According to the Ministry, open access is an important aspect of the Electricity Act 2003, but its implementation has been limited due to high charges. The issue of expensive open access charges has been a topic of discussion within the industry, as it hinders the widespread adoption.
Many have expressed concerns about the high rates imposed by different states. To address this, it is necessary to establish reasonable open access charges nationwide. This will enable bulk consumers, such as industries, to access electricity through open access at affordable rates.
To achieve this, new rules are proposed to define a methodology for calculating various open access charges and make them more rational.
ARR and annual revenue
Under the proposed amendment to Rule 24, the ministry emphasizes that the approved tariff must be cost reflective, ensuring no gap exists between the approved Annual Revenue Requirement (ARR) and estimated annual revenue from the approved tariff, except in cases of natural calamities.

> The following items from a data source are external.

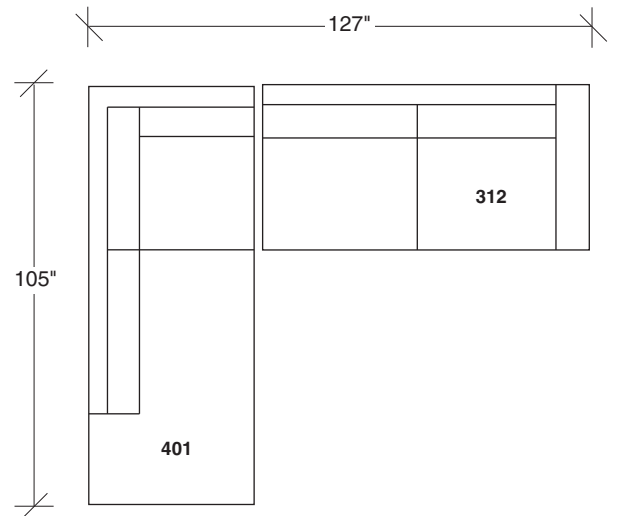

### No. 1256-311 LAF SOFA

W 89 D 38 H 32 in.  
Seat depth 24 in.  
Seat height 17½ in.  
Arm height 25 in.  
Arm width 7 in.

### No. 1256-402 RIGHT CHAISE

W 105 D 38 H 32 in.  
Seat depth 24 in.  
Seat height 17½ in.

Height to top of back cushions 35 in. approx.  
Legs and base available in any TC wood finish.  
Must specify. Throw pillows optional. Must specify

**1256-313**  
SOFA

**1256-311**  
LAF SOFA

**1256-312**  
RAF SOFA

**1256-401**  
LEFT CHAISE

**1256-402**  
RIGHT CHAISE

**L.A. Collection**  
**1256 - Series**

Scale 1/4" = 1'0"  
All upholstery sizes are approximate

If any gap does arise, it should not exceed 3% of the approved ARR.
This gap and carrying costs at the base rate of Late Payment Surcharge specified in the Electricity (Late Payment Surcharge and Related Matters) Rules, 2022, should be settled in a maximum of three equal yearly installments from the next financial year.
Moreover, any gap between the approved ARR, estimated annual revenue from the approved tariff, and the applicable carrying costs should be cleared within a maximum of seven equal yearly installments starting the next financial year.
To ensure the financial stability of the power sector, it is crucial to have tariffs that reflect the actual costs and allow for the recovery of prudent expenses, according to the ministry. However, many states have a significant disparity between the approved ARR and the estimated revenue from approved tariffs.
This practice needs to be discouraged, and there is a need for statutory provisions to prevent such gaps from occurring. Additionally, it is essential to establish a time-bound process for addressing and resolving any revenue gaps or regulatory assets.
New rules are being proposed to minimize such gaps, except in exceptional circumstances, and to facilitate the timely liquidation of any existing gaps.
Under Rule 25, any person appealing against an order made by the Appropriate Commission under the Act must pay at least 50% of the payable amount as per the commission’s order while filing an appeal before the Appellate Tribunal for Electricity.
However, for matters related to “Change in Law” as defined in the Electricity (Timely Recovery of Costs due to Change in Law) Rules, 2021, the payment required will be 75% of the amount payable.
Upon the final order of the tribunal, any excess amount paid by the appellant to the other parties during the appeal process shall be refunded, along with interest at the base rate of Late Payment Surcharge specified in the Electricity (Late Payment Surcharge and Related Matters) Rules, 2022, within 90 days from the date of the order passed by the Appellate Tribunal for Electricity (APTEL).
However, if the APTEL or the Supreme Court deems the appeal to be frivolous and without any compelling content, the rate of late payment surcharge will be 18%.
The Supreme Court recently emphasized the need to address non-essential litigations, their impact on consumers, and the importance of timely payment of dues. The Supreme Court had advised the ministry to establish a mechanism to ensure timely payments and discourage unnecessary litigations.
In line with this judgment, a new rule is proposed to discourage frivolous litigations before the Appellate Tribunal for Electricity and higher courts. The rule suggests requiring upfront partial payment of dues before filing an appeal to discourage such unnecessary litigations.
Earlier this year, the ministry amended the Electricity Rules regarding the surcharge imposed on open access consumers. As per the revised rules, the surcharge levied by state commissions on open access consumers should not exceed 20% of the average cost of power supply.